***** Provided data

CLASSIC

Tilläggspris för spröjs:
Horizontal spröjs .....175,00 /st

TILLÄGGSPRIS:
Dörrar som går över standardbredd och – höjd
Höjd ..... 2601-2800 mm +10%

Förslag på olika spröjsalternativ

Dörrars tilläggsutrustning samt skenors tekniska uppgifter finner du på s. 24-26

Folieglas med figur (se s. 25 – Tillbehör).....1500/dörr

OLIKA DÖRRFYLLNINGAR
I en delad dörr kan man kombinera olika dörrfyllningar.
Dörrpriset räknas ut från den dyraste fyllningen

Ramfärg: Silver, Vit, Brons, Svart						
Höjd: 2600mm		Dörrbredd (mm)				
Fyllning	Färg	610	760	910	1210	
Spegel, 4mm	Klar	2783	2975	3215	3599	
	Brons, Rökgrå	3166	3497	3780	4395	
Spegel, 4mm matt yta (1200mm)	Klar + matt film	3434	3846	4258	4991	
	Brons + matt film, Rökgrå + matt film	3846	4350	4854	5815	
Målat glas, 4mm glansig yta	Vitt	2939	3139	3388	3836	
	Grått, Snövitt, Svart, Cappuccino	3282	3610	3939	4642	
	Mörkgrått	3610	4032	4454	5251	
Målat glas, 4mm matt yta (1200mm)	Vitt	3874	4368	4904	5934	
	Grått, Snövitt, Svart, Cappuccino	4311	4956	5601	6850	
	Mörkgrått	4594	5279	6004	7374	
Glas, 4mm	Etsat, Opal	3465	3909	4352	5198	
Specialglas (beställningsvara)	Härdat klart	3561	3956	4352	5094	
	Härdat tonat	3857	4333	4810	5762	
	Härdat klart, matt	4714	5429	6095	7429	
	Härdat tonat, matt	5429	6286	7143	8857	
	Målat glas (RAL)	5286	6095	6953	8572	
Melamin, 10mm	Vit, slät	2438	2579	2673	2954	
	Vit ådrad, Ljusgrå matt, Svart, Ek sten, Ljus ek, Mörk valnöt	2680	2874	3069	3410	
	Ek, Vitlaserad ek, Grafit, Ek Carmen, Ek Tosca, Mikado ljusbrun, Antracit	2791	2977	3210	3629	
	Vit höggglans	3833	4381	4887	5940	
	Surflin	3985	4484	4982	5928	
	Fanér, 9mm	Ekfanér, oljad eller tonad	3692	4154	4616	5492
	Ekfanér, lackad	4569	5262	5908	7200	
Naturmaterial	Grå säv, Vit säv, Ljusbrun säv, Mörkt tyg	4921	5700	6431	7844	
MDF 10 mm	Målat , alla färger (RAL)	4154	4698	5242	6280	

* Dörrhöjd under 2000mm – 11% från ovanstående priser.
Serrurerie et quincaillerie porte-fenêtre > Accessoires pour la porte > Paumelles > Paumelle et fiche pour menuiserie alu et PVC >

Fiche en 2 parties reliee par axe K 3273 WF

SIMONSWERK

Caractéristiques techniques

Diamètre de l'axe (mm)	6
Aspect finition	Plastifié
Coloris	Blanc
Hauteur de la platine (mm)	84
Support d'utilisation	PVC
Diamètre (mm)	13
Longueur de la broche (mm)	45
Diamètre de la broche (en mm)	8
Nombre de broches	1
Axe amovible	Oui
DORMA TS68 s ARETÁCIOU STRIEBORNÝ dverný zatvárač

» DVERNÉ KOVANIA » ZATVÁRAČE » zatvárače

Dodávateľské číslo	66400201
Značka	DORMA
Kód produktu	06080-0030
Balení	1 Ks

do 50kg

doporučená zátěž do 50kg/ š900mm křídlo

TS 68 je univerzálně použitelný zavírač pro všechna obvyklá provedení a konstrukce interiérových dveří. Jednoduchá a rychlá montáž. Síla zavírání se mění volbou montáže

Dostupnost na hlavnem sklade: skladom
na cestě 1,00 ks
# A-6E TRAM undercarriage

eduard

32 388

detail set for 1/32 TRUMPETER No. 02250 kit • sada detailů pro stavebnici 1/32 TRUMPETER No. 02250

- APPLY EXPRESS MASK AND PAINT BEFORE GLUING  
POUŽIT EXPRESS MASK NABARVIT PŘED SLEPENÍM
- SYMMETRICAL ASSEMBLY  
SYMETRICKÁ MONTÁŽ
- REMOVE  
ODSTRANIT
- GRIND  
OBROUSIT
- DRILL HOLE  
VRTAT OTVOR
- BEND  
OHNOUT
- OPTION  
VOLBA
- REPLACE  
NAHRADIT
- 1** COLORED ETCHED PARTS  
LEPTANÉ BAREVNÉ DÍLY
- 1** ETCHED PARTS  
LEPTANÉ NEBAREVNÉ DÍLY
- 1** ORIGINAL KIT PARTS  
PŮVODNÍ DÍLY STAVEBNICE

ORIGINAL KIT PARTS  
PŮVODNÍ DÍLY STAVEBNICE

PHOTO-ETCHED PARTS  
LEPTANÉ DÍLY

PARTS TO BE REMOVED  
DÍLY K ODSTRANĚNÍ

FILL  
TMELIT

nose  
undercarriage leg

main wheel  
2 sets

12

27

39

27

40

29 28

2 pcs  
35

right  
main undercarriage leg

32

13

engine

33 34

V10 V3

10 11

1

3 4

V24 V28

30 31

**********

▸ Problem to solve
Return every line from the records above that holds the word "MASK".

▸ Solution to this problem
- APPLY EXPRESS MASK AND PAINT BEFORE GLUING  
POUŽIT EXPRESS MASK NABARVIT PŘED SLEPENÍM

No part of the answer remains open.